Before we summarize the results from those tables, we should note that the average WPCT of a team with the MVP is .592. That's been in decline every since the first year that the BBWAA voted for the MVP, when they selected the A's Lefty Grove in the AL (team WPCT of .704) and the Cardinals' Frank Frisch in the NL (team WPCT of .656). In the master table above, the AL average for the MVP is .579.

That value for the "WAR MVP," however, is even lower, down at .548. That's because a pure numerical method won't take into account where teams finish in the standings. And, as the table above shows, there are far more "WAR MVPs" on sub-.500 teams (a total of nine) than is the case for actual MVP winners (only two).

Our two historical summary charts (rendered, perhaps metaphorically, in shades of blue...) show one reason why a Ptolemaic method needs to know about team performance. Only 3% of MVPs come from teams with sub-.500 records. (And note that this rate is consistent on both the 1969-2013 table and the 1931-68 table below.)

That helps explain why Andrew McCutchen didn't win in 2012 (Pirates faded below .500) and why he did win this year (Pirates make the post-season). Paul Goldschmidt (aka Mr. Sombrero...) had better overall numbers than McCutcheon--including in the Ptolemaic data--but his team (the Diamondbacks) finished 81-81.

"WAR MVPs" come from sub-.500 teams about five times as often as in "real life" (14%). That figure is on the rise during divisional play (20% since 1969). BBWAA voters have clearly taken team finish into account at a seriously elevated level from the get-go: the percentage of MVPs from non-post season teams is just over 27% since 1931, while "WAR MVPs" have come from twice as many non-post-season teams (55%).

This pattern seems to be hardening in recent years. Since Cal Ripken was AL MVP in 1991 playing for an Orioles squad that won only 67 games (.414 WPCT), 90% of all MVPs have come from teams making the post-season. (Some of that might come from the addition of the wild card team, but it's hard to get the exact handle on just how much of an effect is present.) That figure stands out from the other "quartile" measures that you'll find in the two tables (marked "MVP From PS team 19xx--xx"), which show a remarkable consistency in that percentage (71% for 1931-49; 66% for 1950-68; 67% for 1969-91) until the last twenty years.

One interesting comparison is to see the contrasting percentages in the two  eras for the percentage of real-life MVPs who finished lower than fifth in WAR. That figure is noticeably higher in the 1969-2013 period (27%) than it was during 1931-68 (17%).

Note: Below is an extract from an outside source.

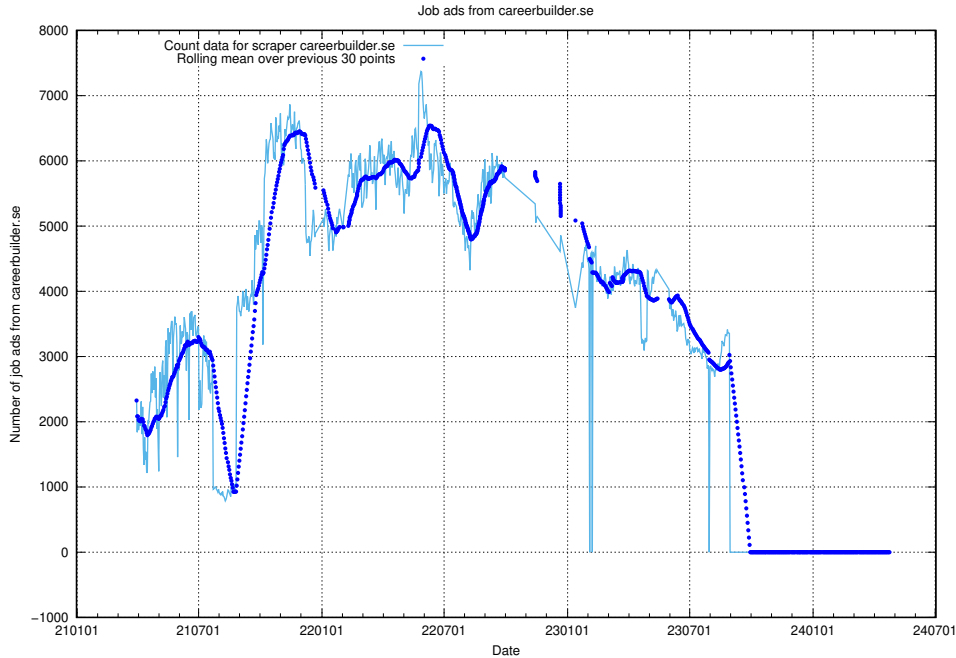

13.20 Number of ads by scraper careerbuilder.se

Here, we count the number of job ads scraped from careerbuilder.se.

By now, of course, we are somewhat removed from the numbers that need to be contextualized for the Ptolemaic MVP, but it's probably worth it in order that we might get a sense of how WAR would shape the MVP awards if it "ran the zoo." One thing that's worth noting is that it restores the embattled Alex Rodriguez to a level of prominence that has been swept away by the ongoing subterfuge of controversy. A-Rod can be seen as having won three real-life MVPs in which WAR agreed with the BBWAA, along with three more "WAR MVPs" (in 1998, 2000, and 2002) that were given to others (with only the 2000 MVP, which went to Jason Giambi, being a reasonable alternative). While he's no Barry Bonds or Willie Mays in terms of "WAR MVPs" (Bonds would have eleven, Mays ten), A-Rod's total of six such "WAR MVPs" ought to put him back in our eyes as one of the game's greatest players.

So, to sum up, the Ptolemaic MVP method should add WAR as a component, despite its myriad problems; it should take into account the BBWAA voters' rising tendency to give MVPs to players on post-season teams; and it should consider some other possible ways to implement some positional adjustments.